V. BOZMA VE BOZMADAN SONRAKİ YARGILAMA SÜRECİ
A. Bozma Kararı
1.Bölge Adliye Mahkemesinin yukarıda belirtilen kararına karşı taraf vekilleri temyiz isteminde bulunmuştur.
2.Dairenin 28.09.2023 tarihli ve 2023/1193 Esas, 2023/4324 Karar sayılı kararı ile özellikle erkeğin, kadına psikolojik ve cinsel şiddet uyguladığının, erkeğe bu eylemlerin de kusur olarak yüklenmesi gerektiğinin, tarafların Mahkemece belirlenen ve gerçekleşen diğer kusurlu davranışları ile birlikte değerlendirildiğinde bu hale göre de erkeğin evlilik birliğinin temelinden sarsılmasına sebep olan olaylarda yine de ağır kusurlu olduğu, tarafların tespit edilen ekonomik ve sosyal durumlarına, boşanmaya yol açan olaylardaki kusur derecelerine, paranın alım gücüne, ihlal edilen mevcut ve beklenen menfaatlerin kapsamına nazaran, kadın yararına hükmolunan maddî ve manevî tazminat miktarının az olduğu gerekçesiyle bozulmasına, sair yönlerden onanmasına karar verilmiştir.
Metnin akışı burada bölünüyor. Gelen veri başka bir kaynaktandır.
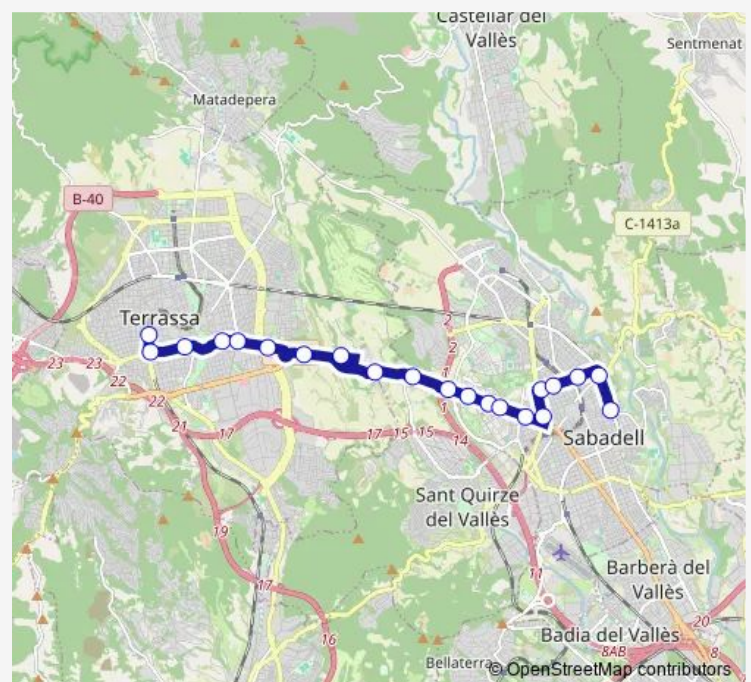

Tuesday 06:45-22:45

Wednesday 06:45-22:45

Thursday 06:45-22:45

Friday 06:45-22:45

Saturday 08:00-22:00

Sunday 08:00-22:00

Route info

Direction: Rambla D'Ègara (Terrassa Rambla)

Stops: 21

Trip Duration: 0 hour 45 min

C5 — C5-Sabadell - Terrassa

Direction

PL. DE Clara Campoamor (Estació D'Autobusos) — Rambla D'Ègara (Terrassa Rambla)

21 stops

[Open route schedule](#)

PL. DE Clara Campoamor (Estació D'Autobusos)

Vapor Universitari

Terrassa Industrial

Doré

Rambla D'Ègara (Terrassa Rambla)

Route schedule

PL. DE Clara Campoamor (Estació D'Autobusos) — Rambla D'Ègara (Terrassa Rambla)

Monday 06:00-22:00

Tuesday 06:00-22:00

Wednesday 06:00-22:00

Thursday 06:00-22:00

Friday 06:00-22:00

Saturday 07:15-21:00

Sunday 07:15-21:00

Route info

Direction: PL. DE Clara Campoamor (Estació D'Autobusos)

Stops: 21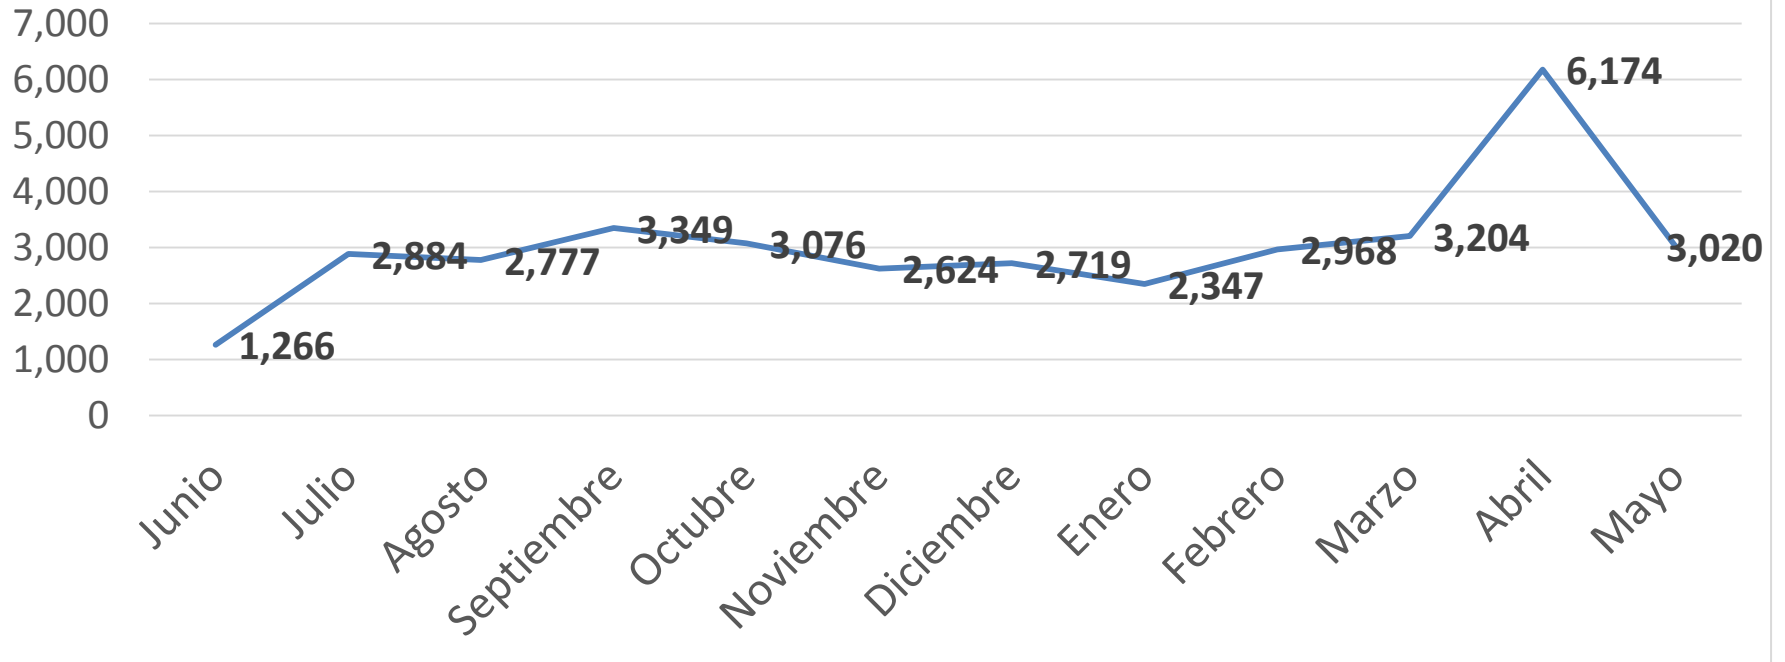

Claro Cantidad Terminales Bloqueados

B. Bölge Adliye Mahkemesince Bozmaya Uyularak Verilen Karar
Bölge Adliye Mahkemesinin yukarıda tarih ve sayısı belirtilen kararıyla; kadın yararına yasal faiziyle birlikte 45.000,00 TL maddî, 35.000,00 TL manevî tazminata karar verilmiştir.
VI. TEMYİZ
A. Temyiz Yoluna Başvuranlar
Bölge Adliye Mahkemesinin yukarıda belirtilen kararına karşı süresi içinde taraf vekilleri temyiz isteminde bulunmuştur.
B. Temyiz Sebepleri
1.Davacı-davalı erkek vekili temyiz dilekçesinde; emekli olan erkeğin tazminat ödeyecek yeterli geliri olmadığını, kadının kusurlu olduğunu ileri sürerek; tazminat miktarları yönünden kararın bozulmasına karar verilmesini talep etmiştir.
2.Davalı-davacı kadın vekili temyiz dilekçesinde; talebin tümden kabulü yerine kısmen kabulü yönünde hüküm kurulmasının hak ihlali anlamına geldiğini ileri sürerek; tazminat miktarları yönünden kararın bozulmasına karar verilmesini talep etmiştir.
C. Gerekçe
1. Uyuşmazlık ve Hukuki Nitelendirme
Uyuşmazlık, kadın için hükmedilen tazminat miktarlarının dosya kapsamına uygun olup olmadığı noktasında toplanmaktadır.
2. İlgili Hukuk
6100 sayılı Hukuk Muhakemeleri Kanunu’nun (6100 sayılı Kanun) 369 uncu maddesinin birinci fıkrası ile 370 ve 371 inci maddeleri. 4721 sayılı Türk Medeni Kanunu’nun 4 üncü, 174 üncü maddesinin birinci ve ikinci fıkrası. 6098 sayılı Türk Borçlar Kanunu'nun 50 nci ve 51 inci maddeleri.
3. Değerlendirme
1.Temyiz olunan nihai kararların bozulması 6100 sayılı Kanun'un 371 inci maddesinde yer alan sebeplerden birinin varlığı hâlinde mümkündür.
2. Temyizen incelenen Bölge Adliye Mahkemesi kararında ve kararın gerekçesinde hukuk kurallarının somut olaya uygulanmasında bir isabetsizlik bulunmadığı, bozma kararı gereğince hüküm verilmiş olduğu, anlaşılmakla; temyiz dilekçesinde ileri sürülen nedenler kararın bozulmasını gerektirecek nitelikte görülmemiştir.
VII. KARAR
Açıklanan sebeple;
Taraf vekillerinin yerinde görülmeyen tüm temyiz itirazlarının reddi ile usul ve kanuna uygun olan kararın ONANMASINA,
Aşağıda yazılı temyiz giderinin temyiz edenlere yükletilmesine,
Dosyanın İlk Derece Mahkemesine, kararın bir örneğinin Bölge Adliye Mahkemesine gönderilmesine,
19.03.2024 tarihinde oy birliğiyle karar verildi.